AI Gateway API Reference

The AI Gateway (L2) provides an OpenAI-compatible API for routing LLM requests to multiple providers (OpenAI, Anthropic, Gemini, Ollama). It includes automatic PII redaction, semantic caching, token budget enforcement, and circuit-breaker resilience.
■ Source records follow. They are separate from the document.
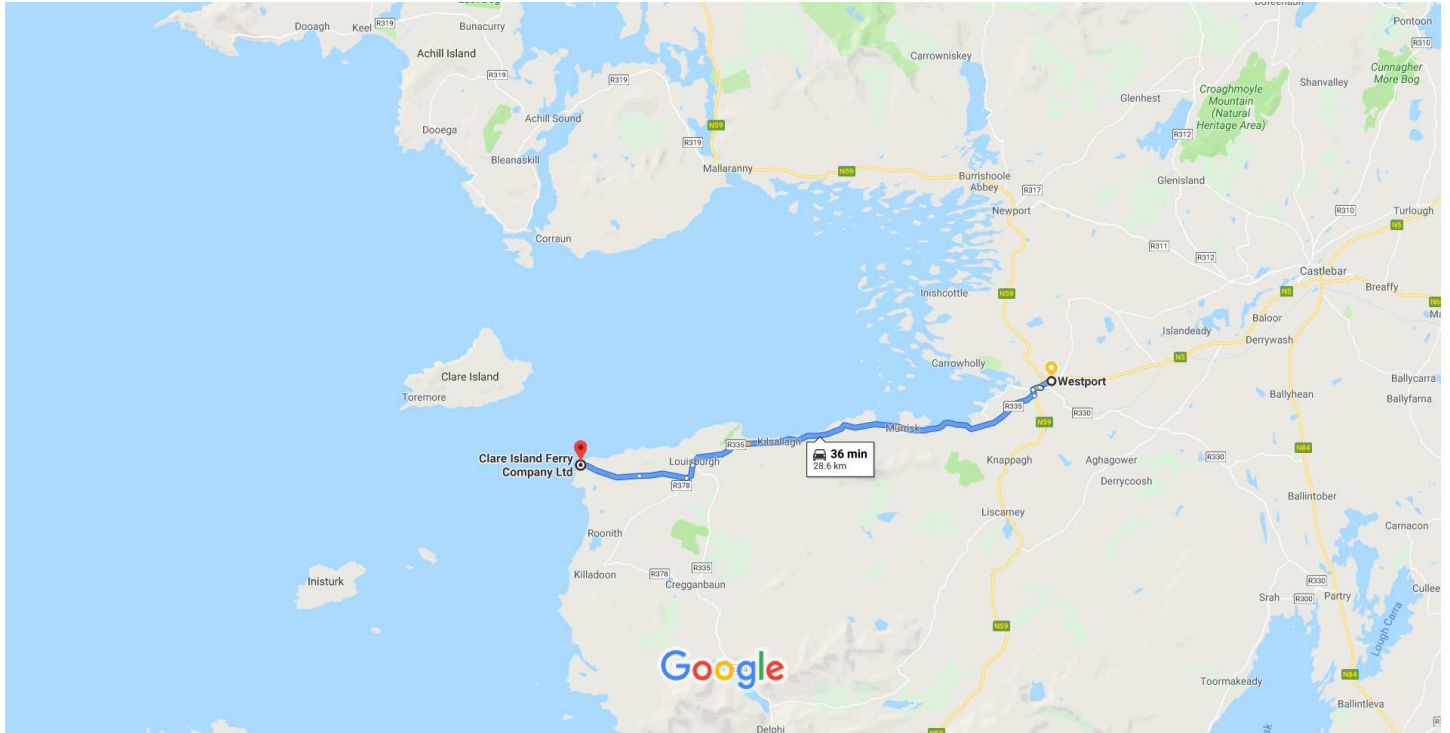

Westport, County Mayo to Clare Island Ferry Company Ltd

Drive 28.6 km, 36 min

Map data ©2019 5 km

Westport

Co. Mayo

Drive along R335

- 25 min (22.6 km)
 - ↑ 1. Head west on Castlebar Rd/N5 toward Father Angelus Park
 - Continue to follow N5
 - 750 m
 - ↘ 2. Slight right onto Shop St/N5/N59
 - 120 m
 - ↙ 3. Slight left onto Peter St/N59
 - Continue to follow N59
 - 400 m
 - ↶ 4. Turn left onto Leenane Rd/N59
 - 350 m
 - ↗ 5. Turn right onto R335
 - 20.1 km
 - ↑ 6. Continue straight onto R378
 - 900 m

Drive to your destination

- 6 min (6.0 km)
 - ↘ 7. Turn right
 - 2.6 km

↑ 8. Continue straight

 Destination will be on the left

3.4 km

Clare Island Ferry Company Ltd

Capnagower, Westport, Co. Mayo

These directions are for planning purposes only. You may find that construction projects, traffic, weather, or other events may cause conditions to differ from the map results, and you should plan your route accordingly. You must obey all signs or notices regarding your route.
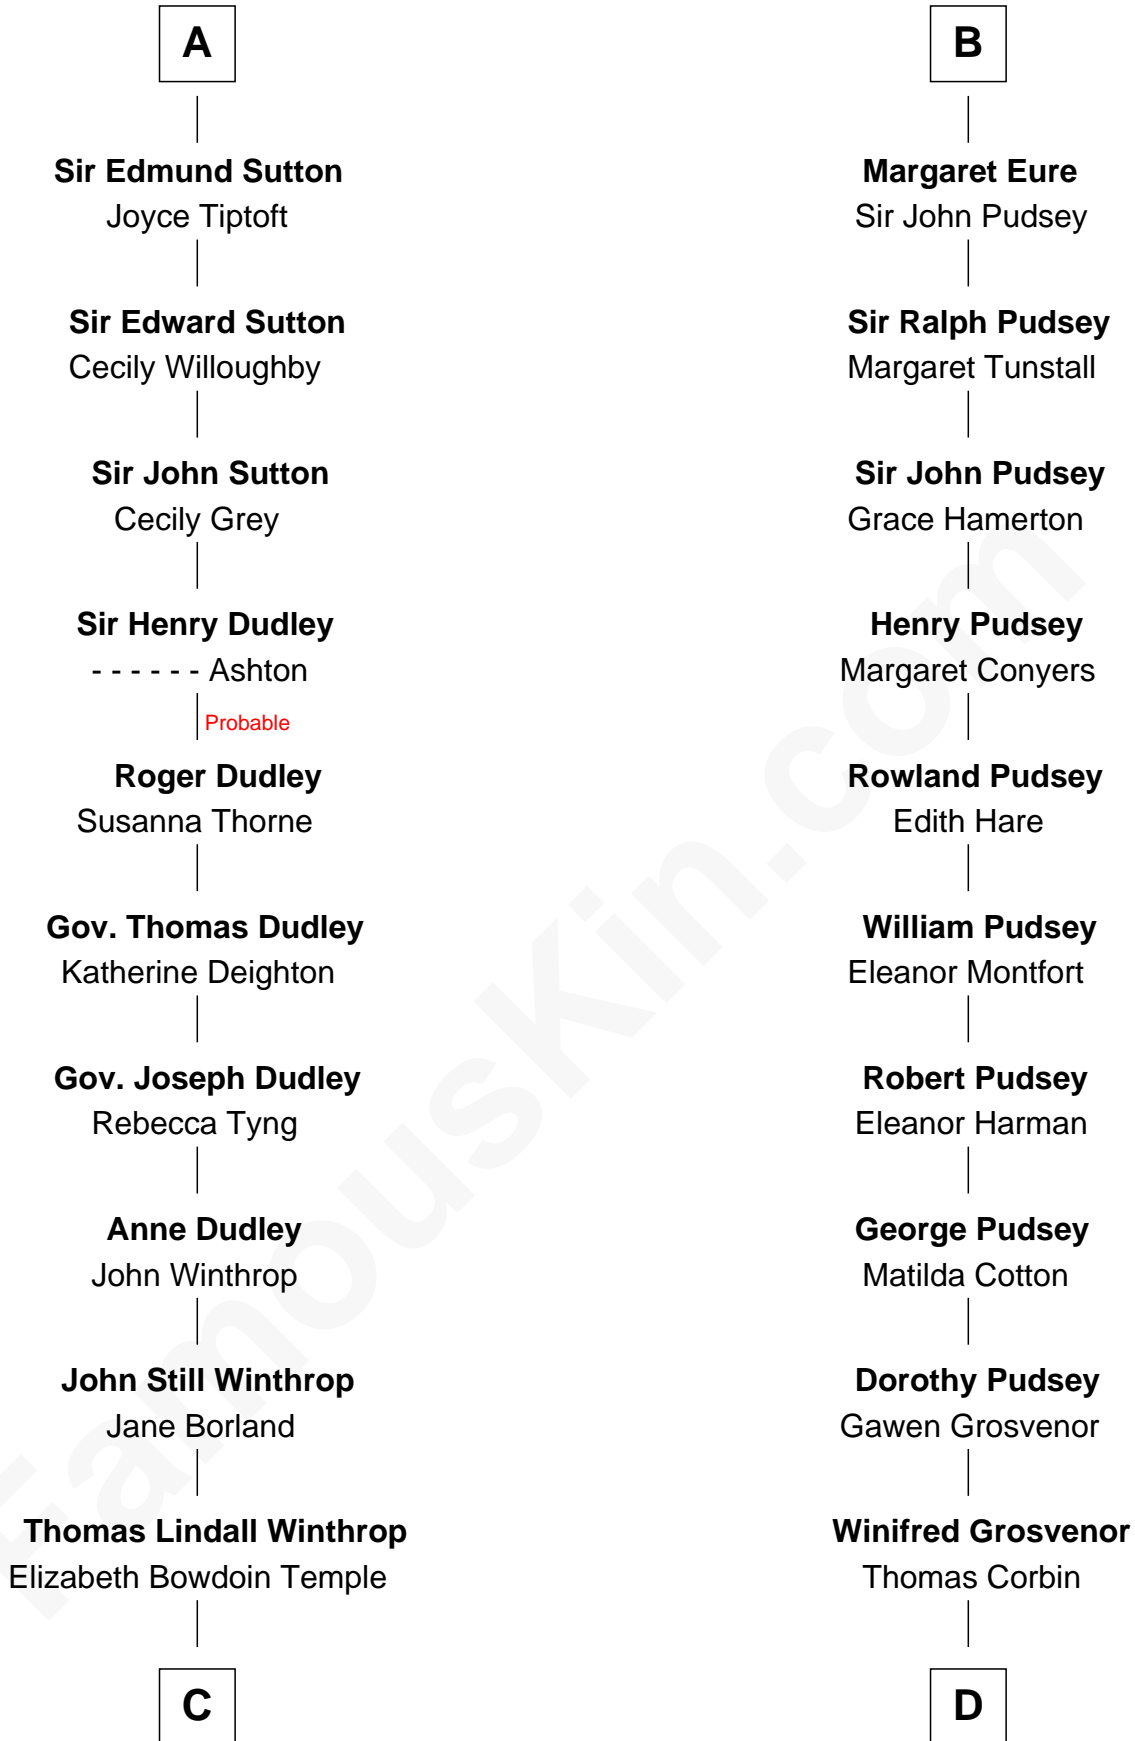

FamousKin.com Relationship Chart of

John Kerry

68th U.S. Secretary of State

21st cousin of

Thomas Sim Lee

2nd and 7th Governor of Maryland

----- **De Warenne**
John, King of England

C

Robert Charles Winthrop
Elizabeth Cabot Blanchard

Robert Charles Winthrop
Elizabeth Mason

Margaret Tyndal Winthrop
James Grant Forbes

Rosemary Isabel Forbes
Richard John Kerry

John Kerry
68th U.S. Secretary of State
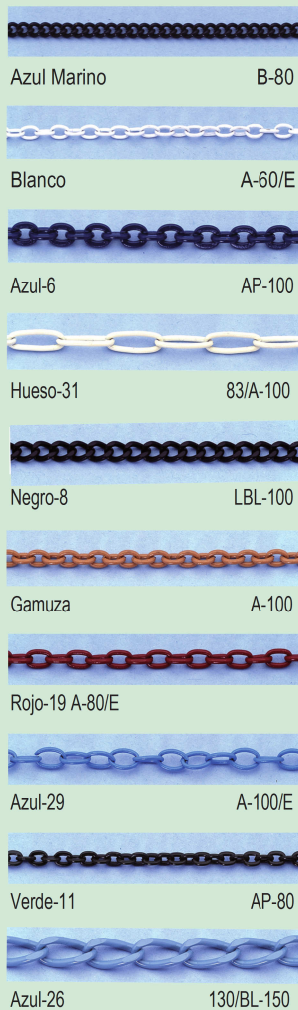

pedidos MÍNIMO 100 UNIDADES
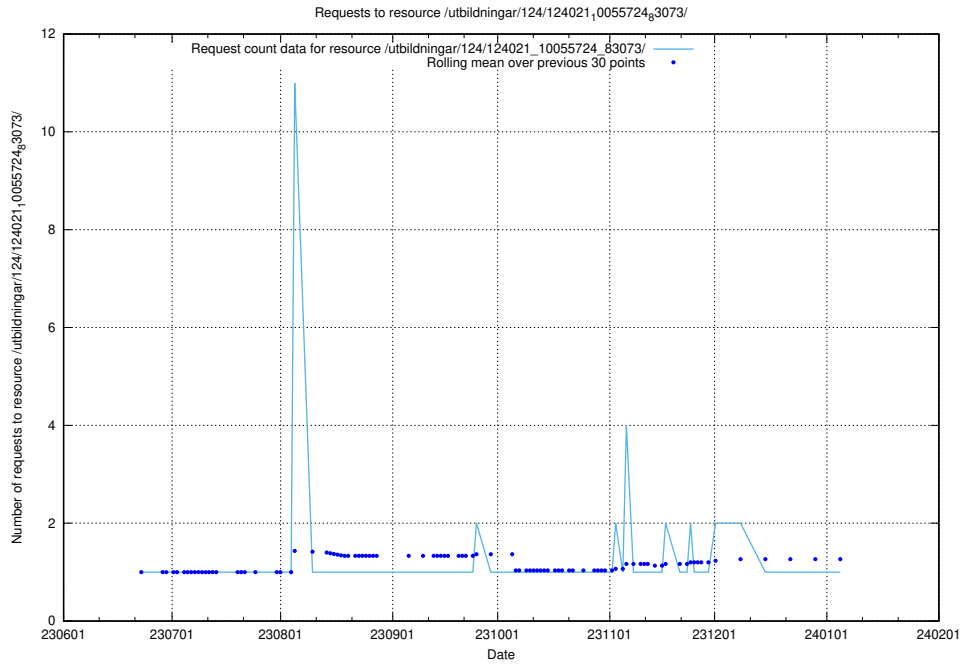

5.5632 Usage of /utbildningar/124/124021_10055724_83073/

Here, we count the number of requests to resource /utbildningar/124/124021_10055724_83073/.
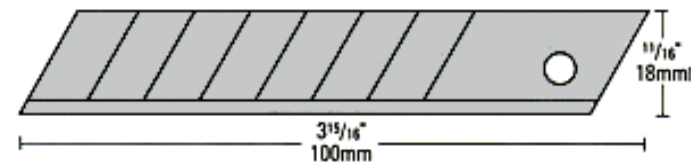

Concave Blade

All types of craft blades are available

Superhook Blade

Snap off blades

Available in 18mm, 9mm and 25mm widths

Also available non-segmented in both full and half size

All utility blades are

SECTION 4– DD hand knives
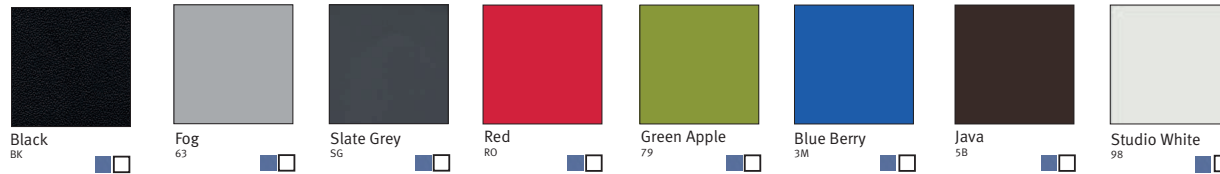

# Sayl Colour Choices

Task chair  / Visitor chair

## Base finish colour options

## Back finish: 3D intelligent™ suspension colour options

## Back frame finish colour options
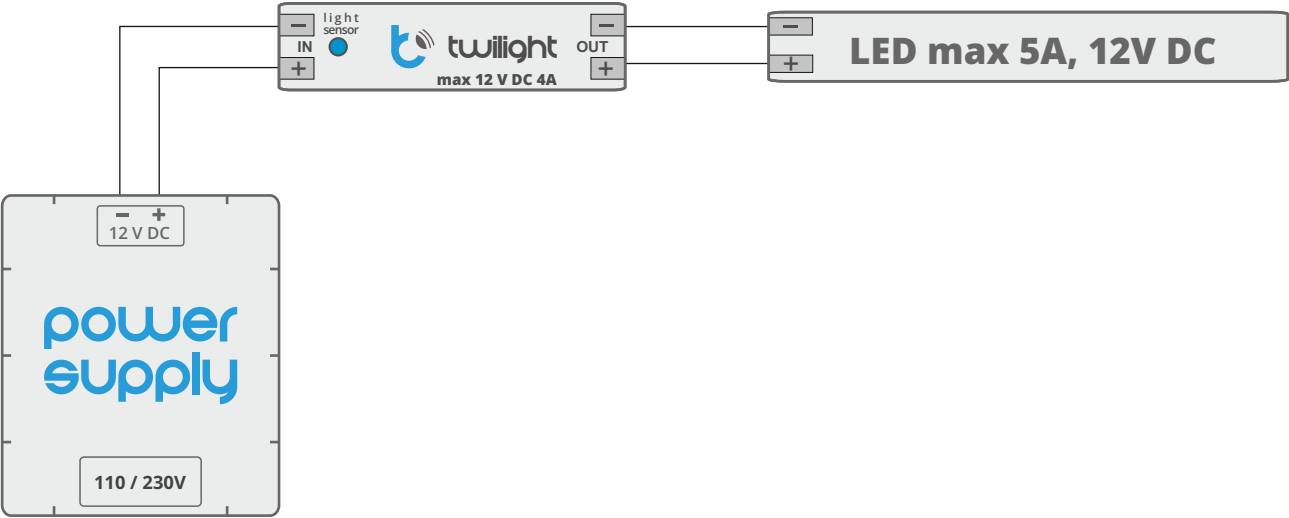

Twilight Switch wiring diagram

With high current devices, please be aware to use appropriate wire gauge.
Before switching on power, please check connections carefully.

For additional support, don't hesitate to contact us: www.blebox.eu
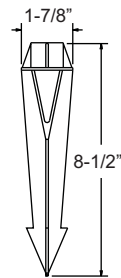

GS-85

PRODUCT FEATURES

- ▶ 8-1/2" Professional PVC Spike
- ▶ 1/2" Thread

COLOR

BR

GS-10 Super Spike

PRODUCT FEATURES

- ▶ 8" Heavy Duty PVC Spike
- ▶ 1/2" Thread

COLOR

BR

50PK

PRODUCT FEATURES

- ▶ 13-1/2" Optional Slip-On PVC Kit
- ▶ Outside Diameter: 3-1/4"
- ▶ Inner Diameter: 2-7/8"
- ▶ Schedule 80
- ▶ Stainless Steel Mounting Brackets and Hardware Included

COLOR
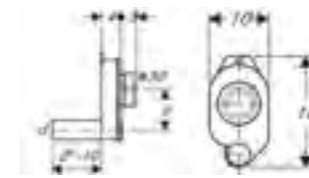

**Art. no.**  
500.123.00.1

**Geberit waste outlet for waterless urinals white**

<b>Art. no.</b>	<b>Product Description</b>
500.124.01.1	White
500.126.00.1	Chrome

**Geberit urinal trap for urinals with rear outlet white**
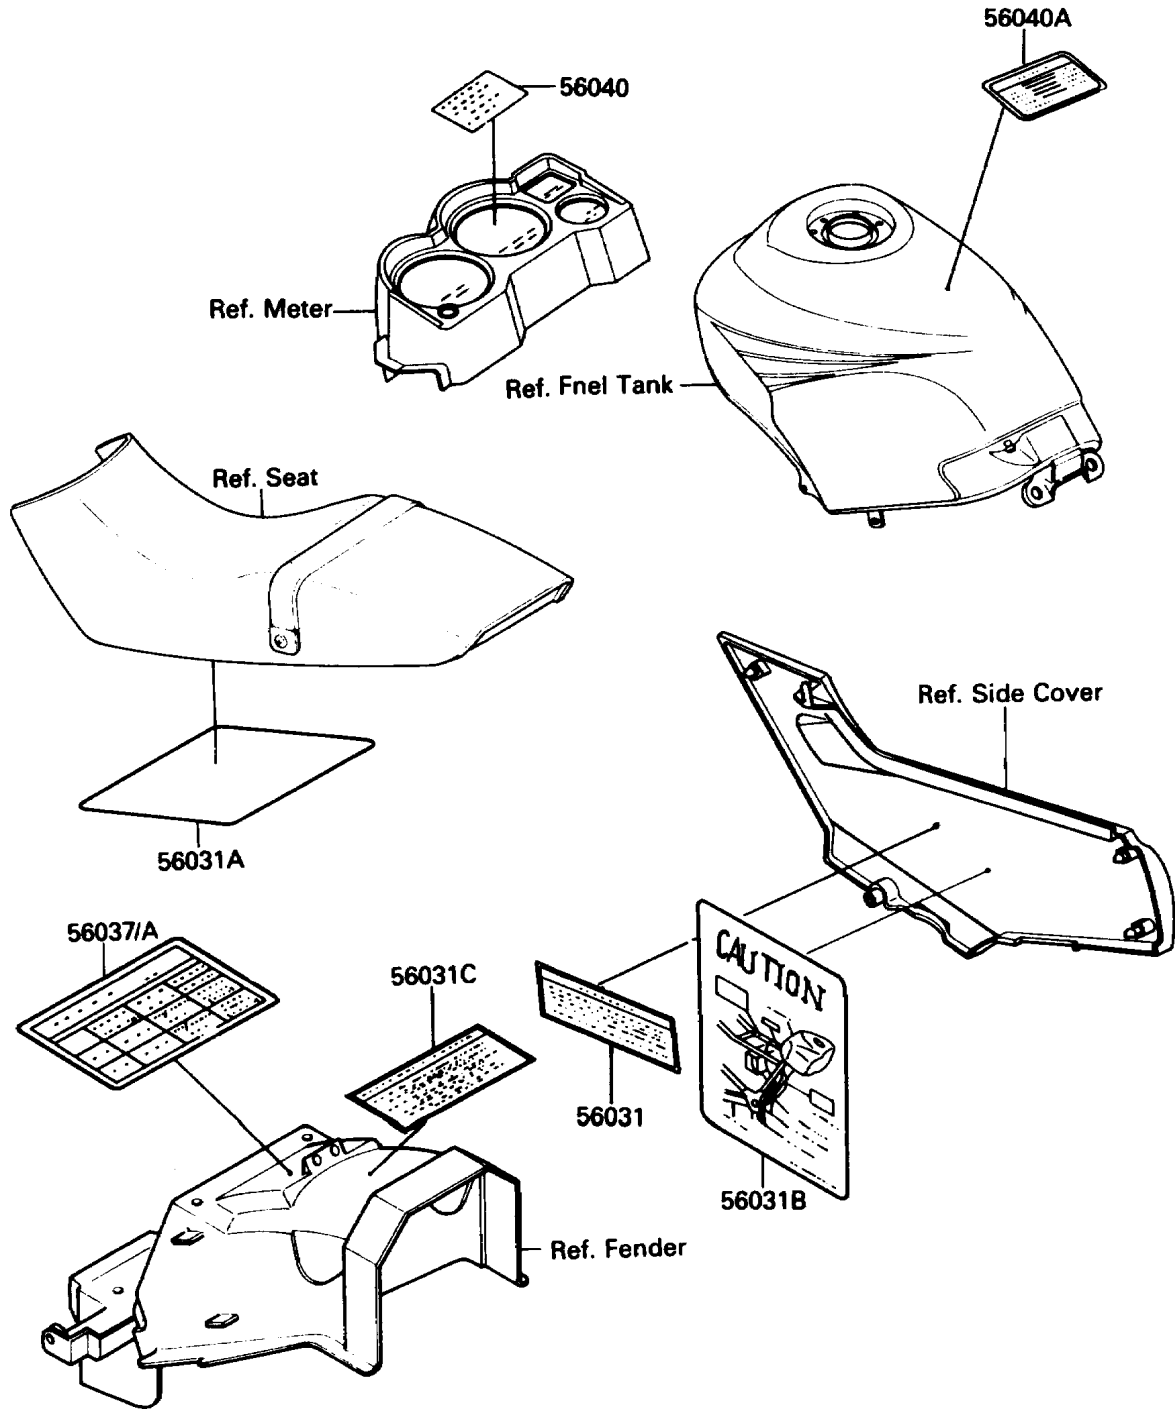

# 1988 NINJA® 250R PARTS DIAGRAM

Labels

F2860-0588

# 1988 NINJA® 250R PARTS LIST

## Labels

ITEM NAME	PART NUMBER	QUANTITY
LABEL-MANUAL,OIL&OIL FILTER (Ref # 56031)	56031-1451	1
LABEL-MANUAL,DAILY SAFETY (Ref # 56031A)	56031-1453	1
LABEL-MANUAL,BATTERY VENT (Ref # 56031B)	56031-1579	1
LABEL-MANUAL,CHAIN (Ref # 56031C)	56031-1601	1
LABEL-SPECIFICATION,TIRE&LOAD (Ref # 56037)	56037-1401	1
LABEL-SPECIFICATION,TIRE&LOAD (Ref # 56037A)	56037-1412	1
LABEL-WARNING,BREAK IN CAUTION (Ref # 56040)	56040-1007	1
LABEL-WARNING,EVAPO (Ref # 56040A)	56040-1121	1

Base URL: http://localhost:4000

All endpoints require authentication via the Authorization header (Bearer JWT) and tenant identification via either the JWT tenant_id claim or the x-tenant-id header.


Health

GET /

Service information and endpoint discovery.

Headers: None required.

Response: 200 OK

json
{
  "service": "ai-gateway",
  "engine": "rust",
  "version": "0.1.0",
  "endpoints": {
    "/health": "Health check",
    "/v1/models": "List available models",
    "/v1/chat/completions": "Chat completions (OpenAI-compatible)",
    "/v1/budget/:tenant_id": "Token budget management",
    "/metrics": "Prometheus metrics"
  }
}

curl Example:

bash
curl http://localhost:4000/

GET /health

Health check endpoint.

Headers: None required.

Response: 200 OK

json
{
  "status": "ok",
  "service": "ai-gateway",
  "engine": "rust"
}

curl Example:

bash
curl http://localhost:4000/health

Models

GET /v1/models

List all available LLM models configured in the gateway.

Headers:

HeaderRequiredDescription
AuthorizationYesBearer {jwt-token}

Response: 200 OK

json
{
  "object": "list",
  "data": [
    {"id": "gpt-4o", "object": "model", "provider": "openai"},
    {"id": "claude-sonnet-4-20250514", "object": "model", "provider": "anthropic"},
    {"id": "gemini-pro", "object": "model", "provider": "gemini"},
    {"id": "llama3", "object": "model", "provider": "ollama"}
  ]
}

curl Example:

bash
curl http://localhost:4000/v1/models \
  -H "Authorization: Bearer $TOKEN"

Chat Completions

POST /v1/chat/completions

Send a chat completion request through the AI Gateway. OpenAI-compatible request and response format.

Headers:

HeaderRequiredDescription
AuthorizationYesBearer {jwt-token}
x-tenant-idYesTenant identifier (also accepted from JWT tenant_id claim)
Content-TypeYesapplication/json
x-request-idNoRequest trace ID for correlation
traceparentNoW3C Trace Context header — propagated to downstream providers

Request Body:

json
{
  "model": "gpt-4o",
  "messages": [
    {"role": "system", "content": "You are a helpful assistant."},
    {"role": "user", "content": "Hello"}
  ],
  "stream": false
}
FieldTypeRequiredDescription
modelstringYesModel ID from /v1/models
messagesarrayYesChat messages array with role and content
streambooleanNoEnable SSE streaming (default: false)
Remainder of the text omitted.